DATA EXCERPTS:
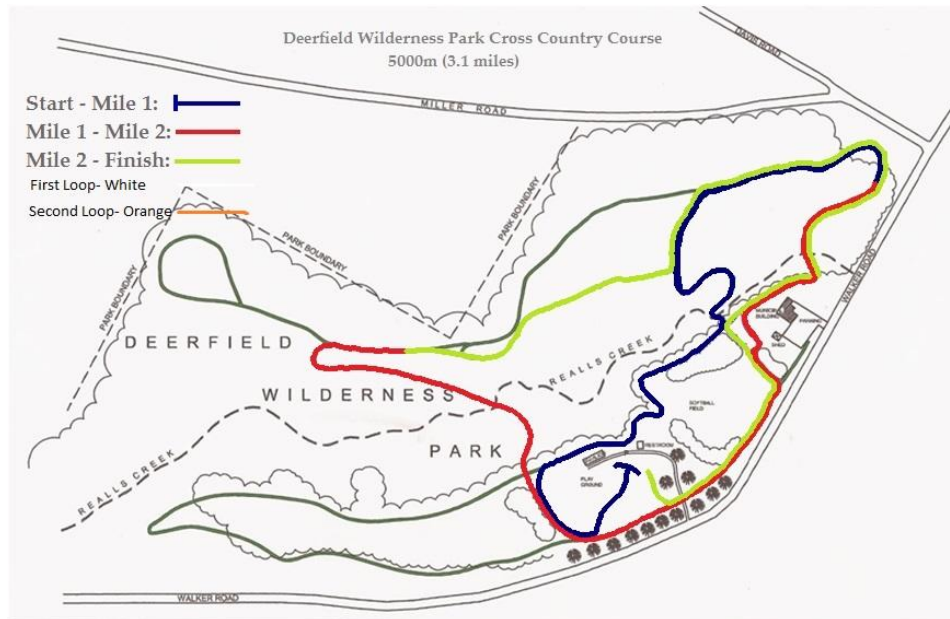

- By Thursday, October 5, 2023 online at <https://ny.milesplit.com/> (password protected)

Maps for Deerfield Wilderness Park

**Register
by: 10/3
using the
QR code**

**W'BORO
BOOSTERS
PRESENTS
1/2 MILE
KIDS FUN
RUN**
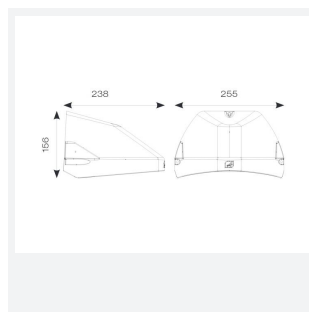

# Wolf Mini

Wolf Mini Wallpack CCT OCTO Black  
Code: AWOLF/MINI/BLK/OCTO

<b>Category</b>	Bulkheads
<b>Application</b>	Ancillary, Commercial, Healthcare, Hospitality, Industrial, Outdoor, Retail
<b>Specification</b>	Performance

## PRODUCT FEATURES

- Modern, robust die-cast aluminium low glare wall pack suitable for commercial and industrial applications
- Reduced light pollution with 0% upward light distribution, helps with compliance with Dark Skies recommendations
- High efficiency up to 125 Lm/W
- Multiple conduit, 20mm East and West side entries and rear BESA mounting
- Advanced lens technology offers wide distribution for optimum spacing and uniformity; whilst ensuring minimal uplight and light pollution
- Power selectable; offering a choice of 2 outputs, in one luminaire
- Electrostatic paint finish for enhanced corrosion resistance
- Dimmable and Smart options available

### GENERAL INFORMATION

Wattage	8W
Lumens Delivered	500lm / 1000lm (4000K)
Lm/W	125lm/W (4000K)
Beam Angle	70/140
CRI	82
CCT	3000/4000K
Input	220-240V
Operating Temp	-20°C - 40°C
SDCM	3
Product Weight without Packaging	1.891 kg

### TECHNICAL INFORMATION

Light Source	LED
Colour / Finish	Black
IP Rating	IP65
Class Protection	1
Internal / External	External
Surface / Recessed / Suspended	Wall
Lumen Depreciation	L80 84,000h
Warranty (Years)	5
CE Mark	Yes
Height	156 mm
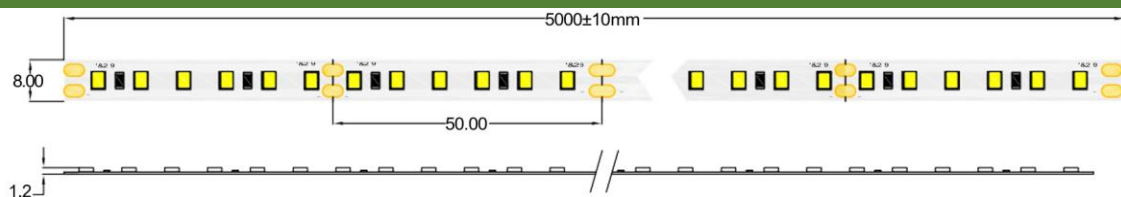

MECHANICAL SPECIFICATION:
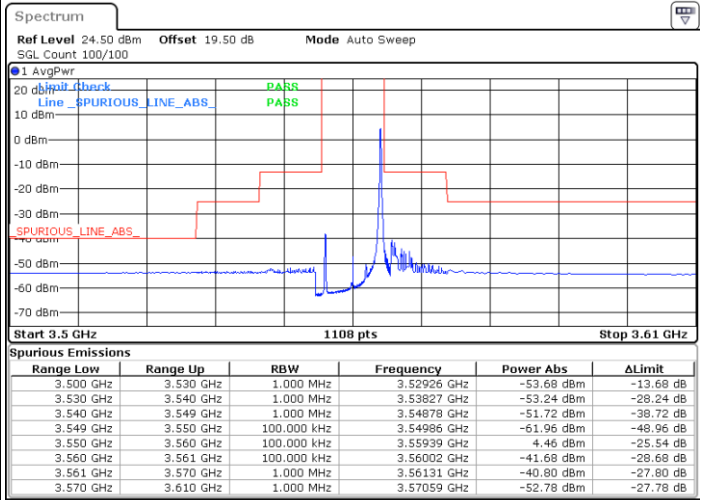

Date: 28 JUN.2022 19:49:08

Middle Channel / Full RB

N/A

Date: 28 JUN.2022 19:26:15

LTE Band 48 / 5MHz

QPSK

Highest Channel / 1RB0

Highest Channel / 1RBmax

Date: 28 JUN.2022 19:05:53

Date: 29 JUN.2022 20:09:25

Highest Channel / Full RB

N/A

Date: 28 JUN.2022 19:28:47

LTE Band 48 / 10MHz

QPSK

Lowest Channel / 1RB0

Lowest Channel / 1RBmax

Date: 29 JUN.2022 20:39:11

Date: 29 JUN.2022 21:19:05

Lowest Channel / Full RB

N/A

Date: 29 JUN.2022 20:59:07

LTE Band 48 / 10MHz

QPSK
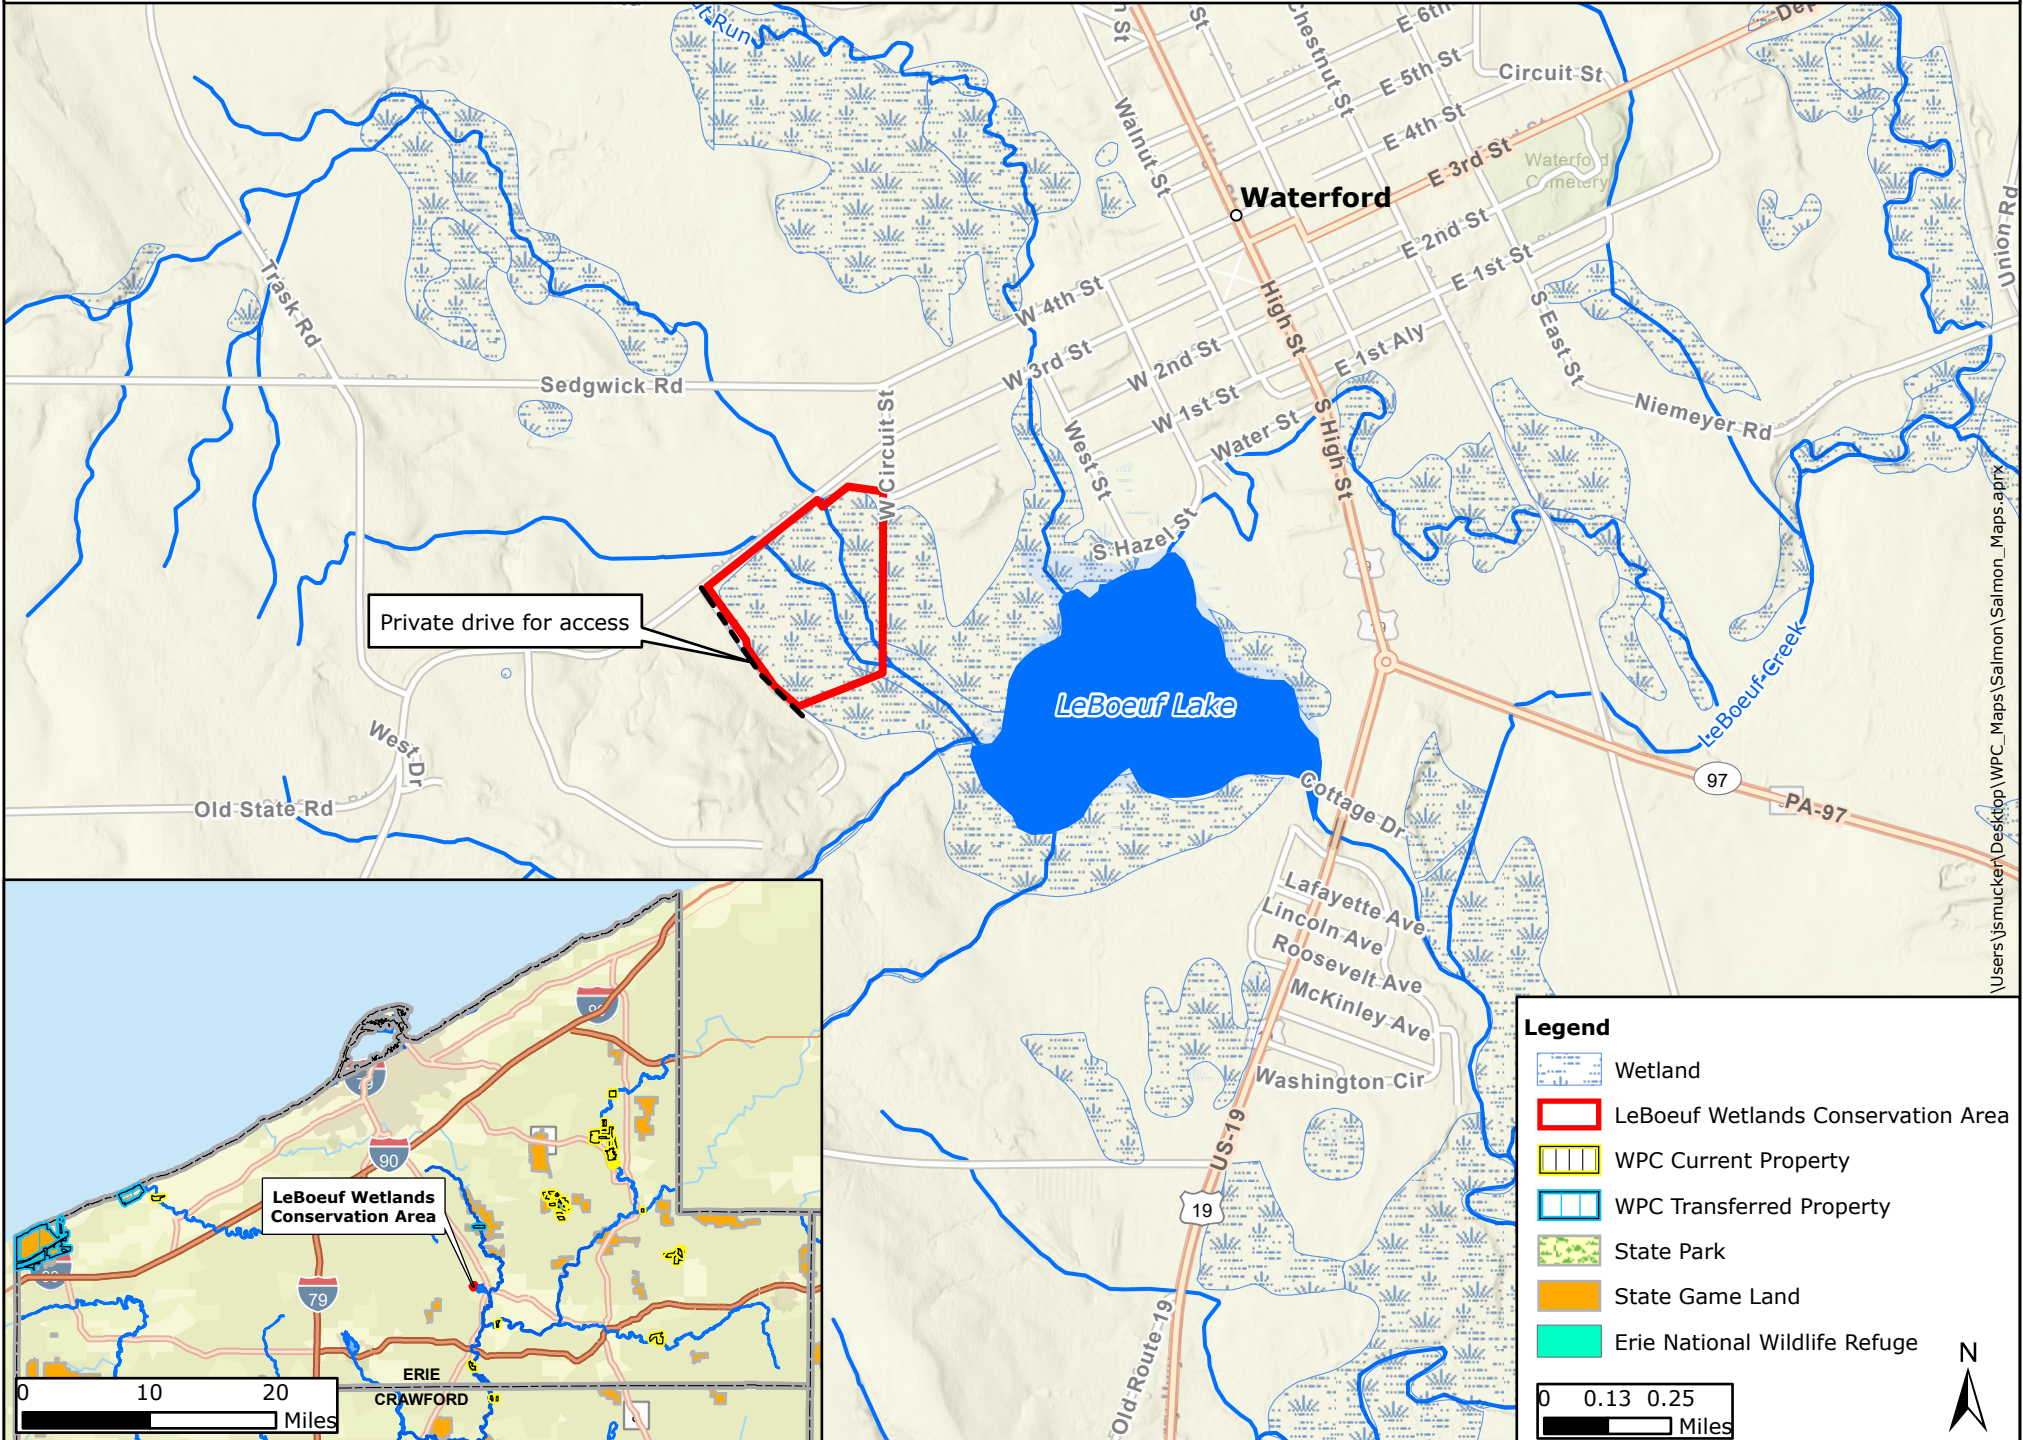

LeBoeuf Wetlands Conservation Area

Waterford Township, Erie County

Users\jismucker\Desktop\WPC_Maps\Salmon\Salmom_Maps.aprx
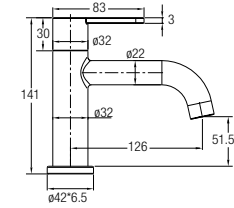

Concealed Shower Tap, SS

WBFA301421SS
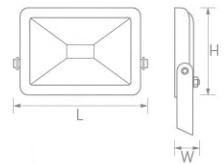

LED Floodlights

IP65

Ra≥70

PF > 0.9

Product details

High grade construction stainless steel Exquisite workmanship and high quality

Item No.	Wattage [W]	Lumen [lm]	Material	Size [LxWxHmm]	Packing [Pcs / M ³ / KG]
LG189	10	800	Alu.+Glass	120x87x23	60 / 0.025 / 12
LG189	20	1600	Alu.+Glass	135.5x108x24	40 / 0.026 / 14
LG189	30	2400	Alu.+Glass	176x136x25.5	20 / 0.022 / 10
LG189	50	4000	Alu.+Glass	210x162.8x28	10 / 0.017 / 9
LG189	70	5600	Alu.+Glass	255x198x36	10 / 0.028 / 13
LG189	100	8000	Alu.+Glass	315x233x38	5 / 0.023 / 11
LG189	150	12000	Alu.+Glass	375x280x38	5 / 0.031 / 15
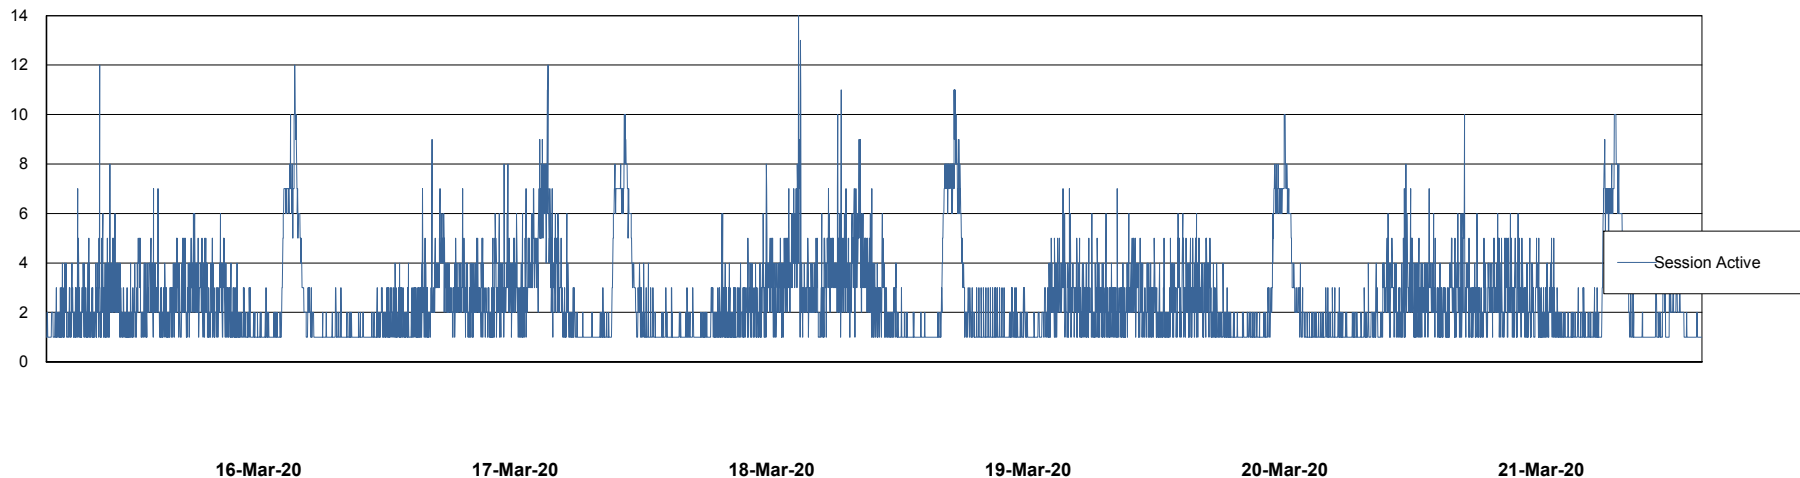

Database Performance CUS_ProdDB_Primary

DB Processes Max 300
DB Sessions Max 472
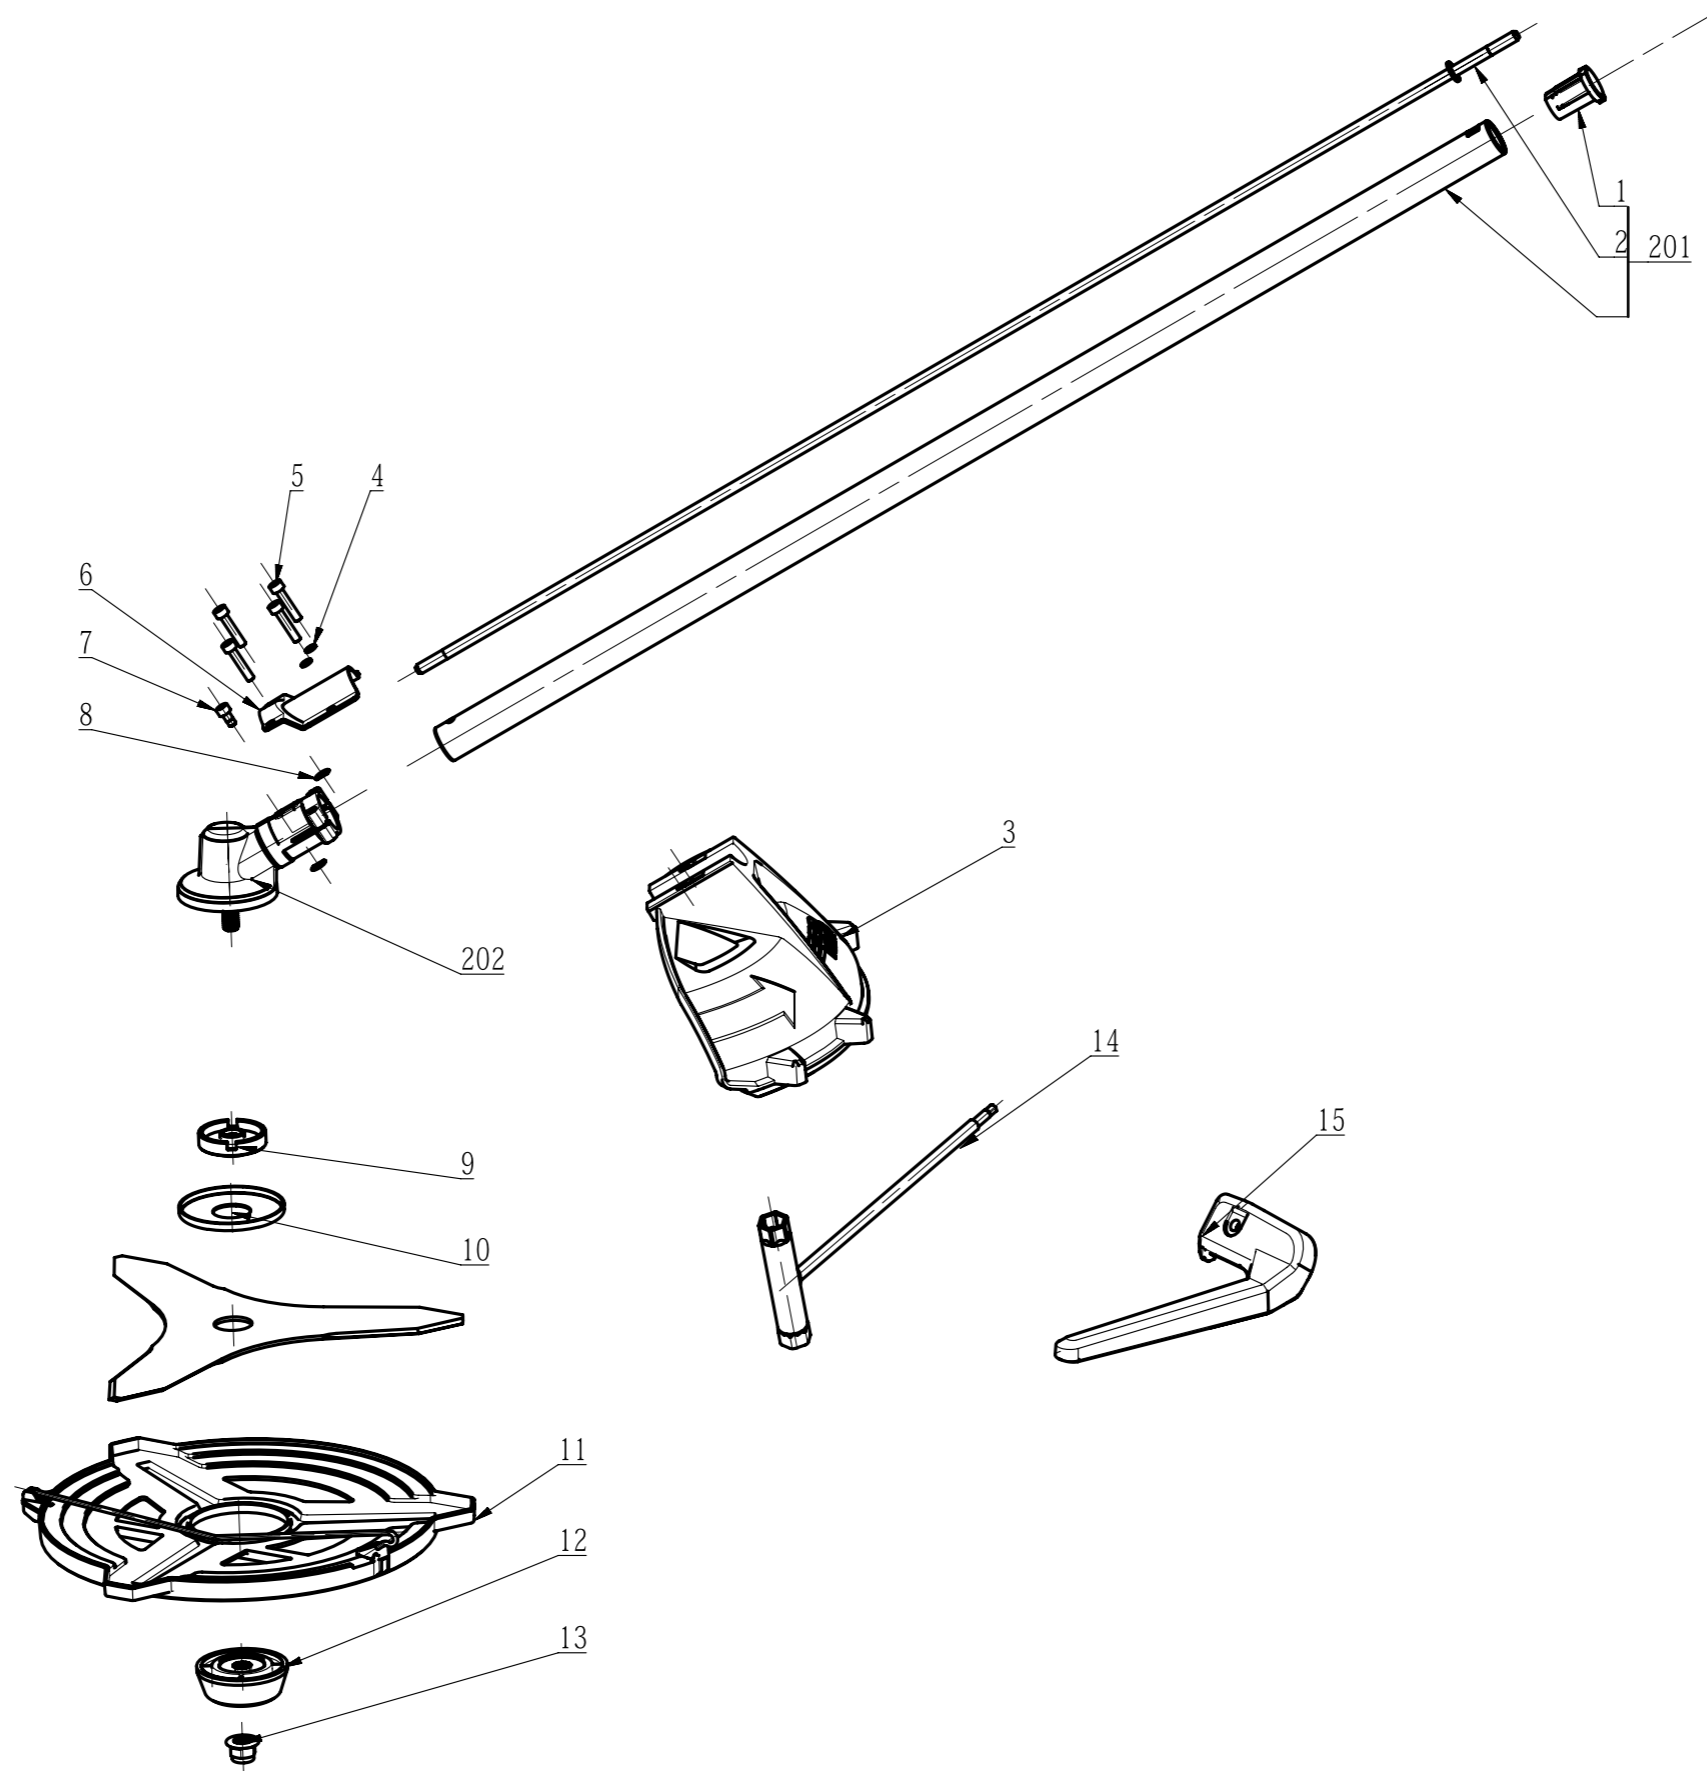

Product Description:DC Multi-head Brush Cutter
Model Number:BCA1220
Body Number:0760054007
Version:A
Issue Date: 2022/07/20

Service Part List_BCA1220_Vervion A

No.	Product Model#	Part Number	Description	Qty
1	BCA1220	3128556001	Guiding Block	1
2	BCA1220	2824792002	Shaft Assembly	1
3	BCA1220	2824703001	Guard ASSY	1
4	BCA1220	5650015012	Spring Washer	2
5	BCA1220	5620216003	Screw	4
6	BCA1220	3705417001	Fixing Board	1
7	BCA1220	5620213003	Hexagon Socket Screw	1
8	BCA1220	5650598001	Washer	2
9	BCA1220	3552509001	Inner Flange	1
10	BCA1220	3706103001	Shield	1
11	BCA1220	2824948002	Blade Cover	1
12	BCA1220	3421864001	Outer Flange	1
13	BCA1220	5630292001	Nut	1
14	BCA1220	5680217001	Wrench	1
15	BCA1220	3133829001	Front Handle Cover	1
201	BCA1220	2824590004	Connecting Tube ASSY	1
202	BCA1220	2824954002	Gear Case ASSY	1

WHAT IS NEEDED: Omit the pictures, then repeat exactly each line from the beginning of the listing through the line with "- Modern, robust".

ANSWER:
- By Thursday, October 5, 2023 online at <https://ny.milesplit.com/> (password protected)

Maps for Deerfield Wilderness Park

**Register
by: 10/3
using the
QR code**

**W'BORO
BOOSTERS
PRESENTS
1/2 MILE
KIDS FUN
RUN**

# Wolf Mini

Wolf Mini Wallpack CCT OCTO Black  
Code: AWOLF/MINI/BLK/OCTO

<b>Category</b>	Bulkheads
<b>Application</b>	Ancillary, Commercial, Healthcare, Hospitality, Industrial, Outdoor, Retail
<b>Specification</b>	Performance

## PRODUCT FEATURES

- Modern, robust die-cast aluminium low glare wall pack suitable for commercial and industrial applications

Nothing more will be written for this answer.